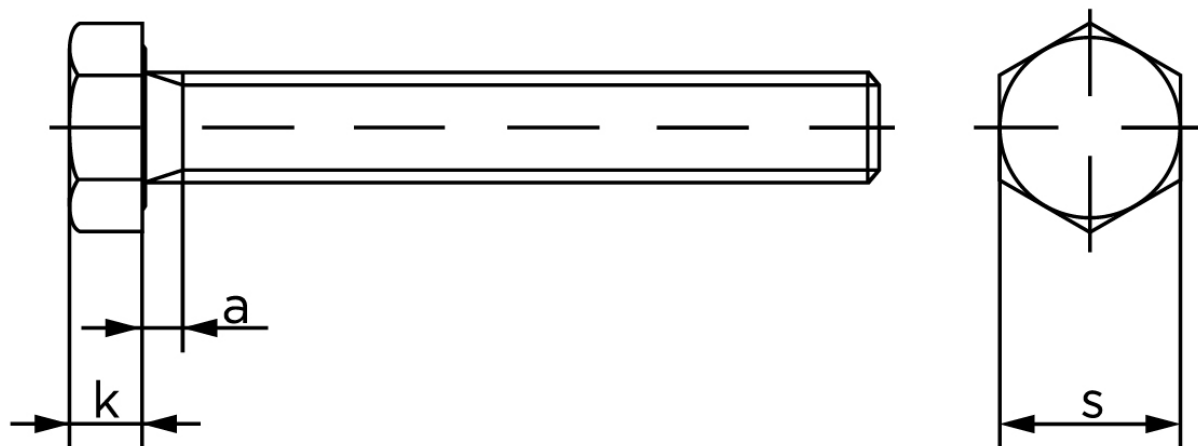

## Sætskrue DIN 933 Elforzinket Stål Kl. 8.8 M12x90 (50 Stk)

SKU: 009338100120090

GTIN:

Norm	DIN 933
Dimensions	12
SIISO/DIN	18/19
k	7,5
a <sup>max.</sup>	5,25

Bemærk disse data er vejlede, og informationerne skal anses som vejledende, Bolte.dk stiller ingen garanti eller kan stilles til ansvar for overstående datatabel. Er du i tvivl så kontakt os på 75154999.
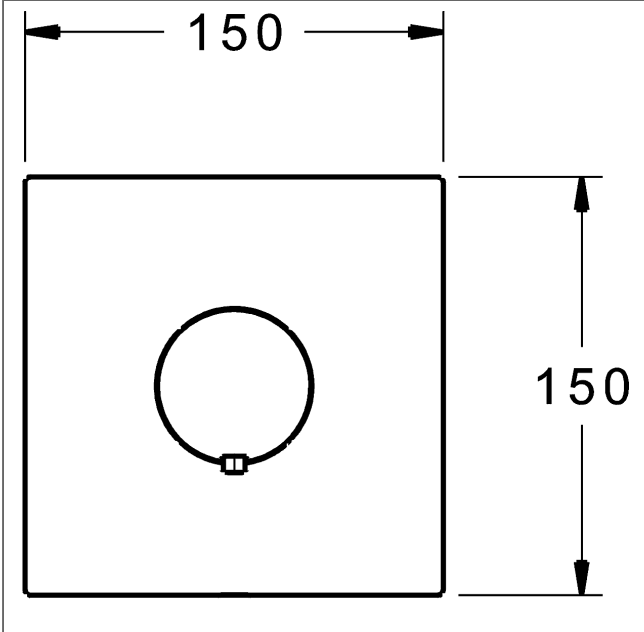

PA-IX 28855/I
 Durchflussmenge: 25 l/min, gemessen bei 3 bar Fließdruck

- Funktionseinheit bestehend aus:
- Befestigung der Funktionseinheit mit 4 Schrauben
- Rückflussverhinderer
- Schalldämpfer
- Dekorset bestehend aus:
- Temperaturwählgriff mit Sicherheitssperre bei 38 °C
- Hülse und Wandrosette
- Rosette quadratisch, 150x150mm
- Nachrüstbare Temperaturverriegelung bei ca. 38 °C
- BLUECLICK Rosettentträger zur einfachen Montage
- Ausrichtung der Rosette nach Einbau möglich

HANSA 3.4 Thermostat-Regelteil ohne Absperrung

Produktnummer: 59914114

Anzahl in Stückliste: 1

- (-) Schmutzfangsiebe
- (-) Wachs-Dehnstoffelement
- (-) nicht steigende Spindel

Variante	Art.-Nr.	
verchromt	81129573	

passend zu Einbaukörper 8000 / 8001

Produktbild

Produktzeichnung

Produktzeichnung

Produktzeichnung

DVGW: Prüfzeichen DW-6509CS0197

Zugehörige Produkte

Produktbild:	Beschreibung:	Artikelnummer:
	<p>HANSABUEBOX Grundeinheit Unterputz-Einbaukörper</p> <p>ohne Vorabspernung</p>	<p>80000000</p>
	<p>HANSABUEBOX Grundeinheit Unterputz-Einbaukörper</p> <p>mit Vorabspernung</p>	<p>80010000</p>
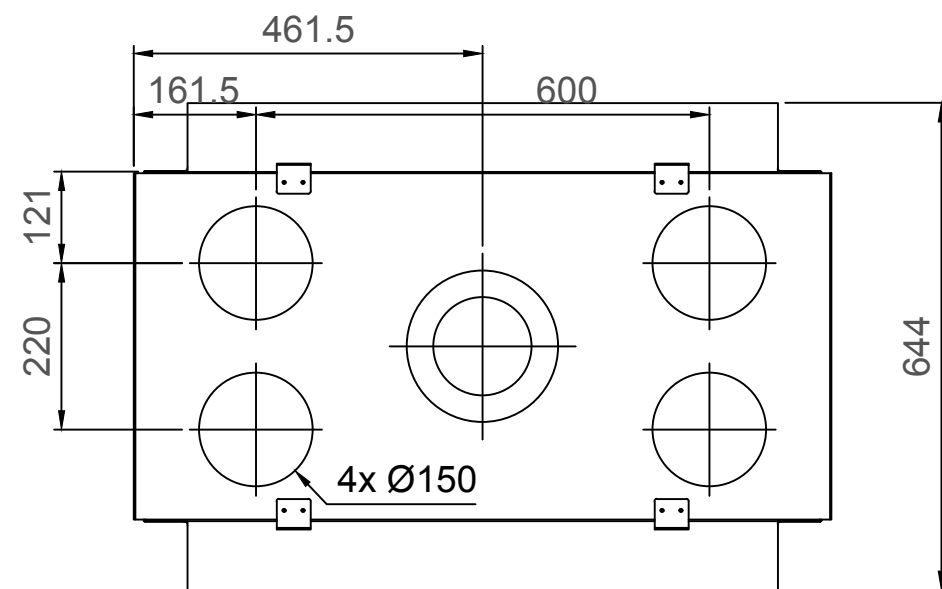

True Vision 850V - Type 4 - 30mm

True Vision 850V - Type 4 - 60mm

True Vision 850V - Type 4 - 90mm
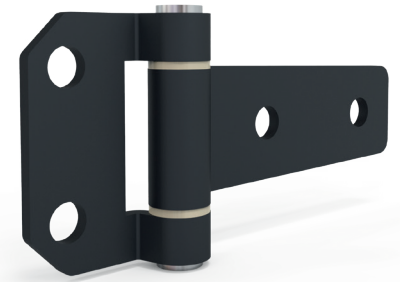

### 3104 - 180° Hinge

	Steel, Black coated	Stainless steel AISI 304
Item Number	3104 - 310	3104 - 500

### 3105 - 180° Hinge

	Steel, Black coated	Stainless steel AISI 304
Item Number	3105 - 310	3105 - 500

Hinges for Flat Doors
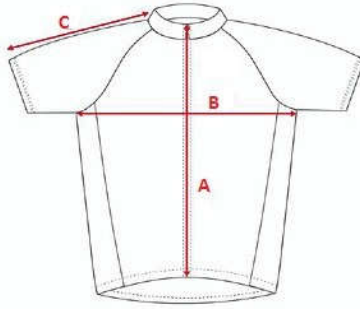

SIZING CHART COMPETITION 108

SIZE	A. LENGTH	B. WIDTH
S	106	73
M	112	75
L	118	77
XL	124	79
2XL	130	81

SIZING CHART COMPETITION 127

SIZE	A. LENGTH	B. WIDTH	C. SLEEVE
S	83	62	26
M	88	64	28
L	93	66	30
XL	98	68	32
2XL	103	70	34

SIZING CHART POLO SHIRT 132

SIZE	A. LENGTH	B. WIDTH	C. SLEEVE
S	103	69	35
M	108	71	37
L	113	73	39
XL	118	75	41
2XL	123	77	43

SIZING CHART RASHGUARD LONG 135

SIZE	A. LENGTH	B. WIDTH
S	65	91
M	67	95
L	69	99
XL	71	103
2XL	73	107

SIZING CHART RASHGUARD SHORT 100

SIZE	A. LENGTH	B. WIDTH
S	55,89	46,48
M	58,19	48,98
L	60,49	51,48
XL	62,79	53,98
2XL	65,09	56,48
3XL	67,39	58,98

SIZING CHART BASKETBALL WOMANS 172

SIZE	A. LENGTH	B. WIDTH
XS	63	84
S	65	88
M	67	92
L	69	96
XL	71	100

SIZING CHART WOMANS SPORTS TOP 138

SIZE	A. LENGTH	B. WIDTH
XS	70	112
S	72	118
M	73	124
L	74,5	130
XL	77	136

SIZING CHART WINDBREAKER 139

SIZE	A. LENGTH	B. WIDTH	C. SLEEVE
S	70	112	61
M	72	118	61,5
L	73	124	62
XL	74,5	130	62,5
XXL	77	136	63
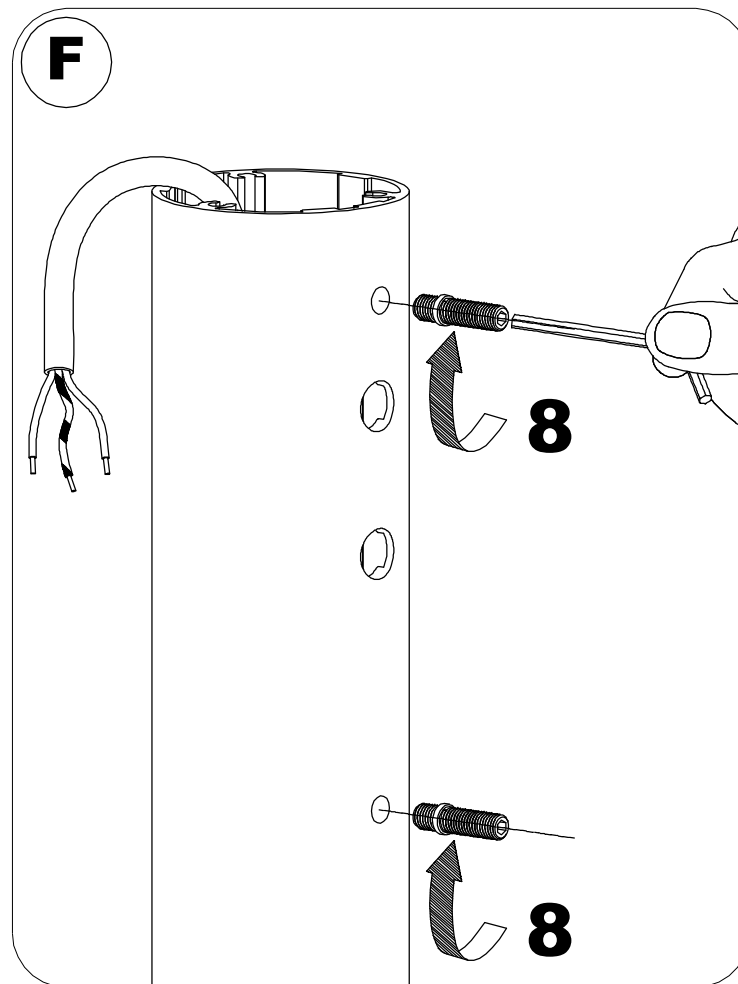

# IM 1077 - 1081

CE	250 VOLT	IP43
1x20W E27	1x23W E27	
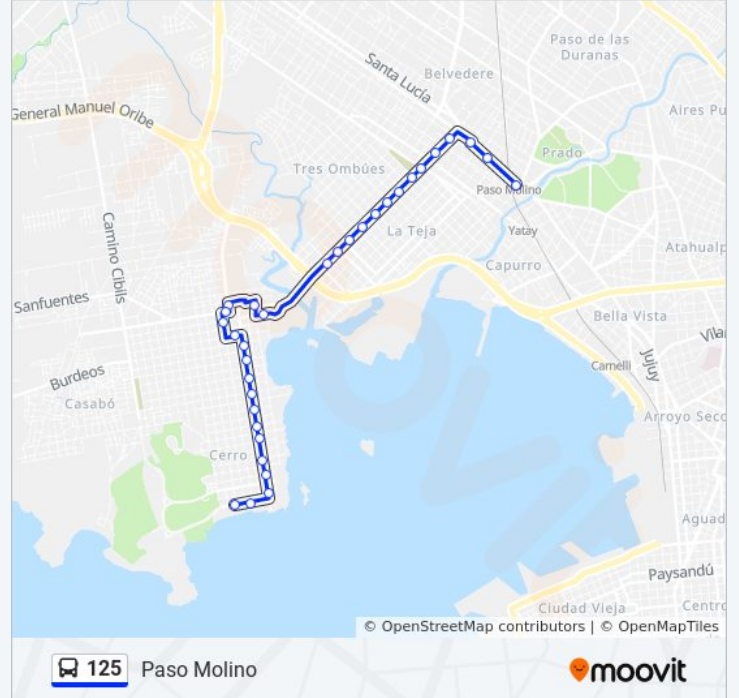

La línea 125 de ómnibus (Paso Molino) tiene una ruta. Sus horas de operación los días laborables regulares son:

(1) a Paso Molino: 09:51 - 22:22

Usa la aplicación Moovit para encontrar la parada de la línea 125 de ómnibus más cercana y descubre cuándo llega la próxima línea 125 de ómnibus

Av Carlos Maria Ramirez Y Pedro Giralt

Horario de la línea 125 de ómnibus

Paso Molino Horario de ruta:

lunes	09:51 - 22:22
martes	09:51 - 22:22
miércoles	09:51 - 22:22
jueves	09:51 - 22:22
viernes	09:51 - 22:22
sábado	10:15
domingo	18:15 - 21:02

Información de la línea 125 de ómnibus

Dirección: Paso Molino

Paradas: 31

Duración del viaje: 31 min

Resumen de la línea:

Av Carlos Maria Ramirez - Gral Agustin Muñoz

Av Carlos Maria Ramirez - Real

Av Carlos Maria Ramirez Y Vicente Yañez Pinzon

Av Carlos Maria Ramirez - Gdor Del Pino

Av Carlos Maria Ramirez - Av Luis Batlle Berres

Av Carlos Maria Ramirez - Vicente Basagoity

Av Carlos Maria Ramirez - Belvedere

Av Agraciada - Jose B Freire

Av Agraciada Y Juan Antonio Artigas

— WORK TASK —
Search the records above for the string "Vicente". Copy every line that contains it.

— RESULT BELOW —
Av Carlos Maria Ramirez Y Vicente Yañez Pinzon
Av Carlos Maria Ramirez - Vicente Basagoity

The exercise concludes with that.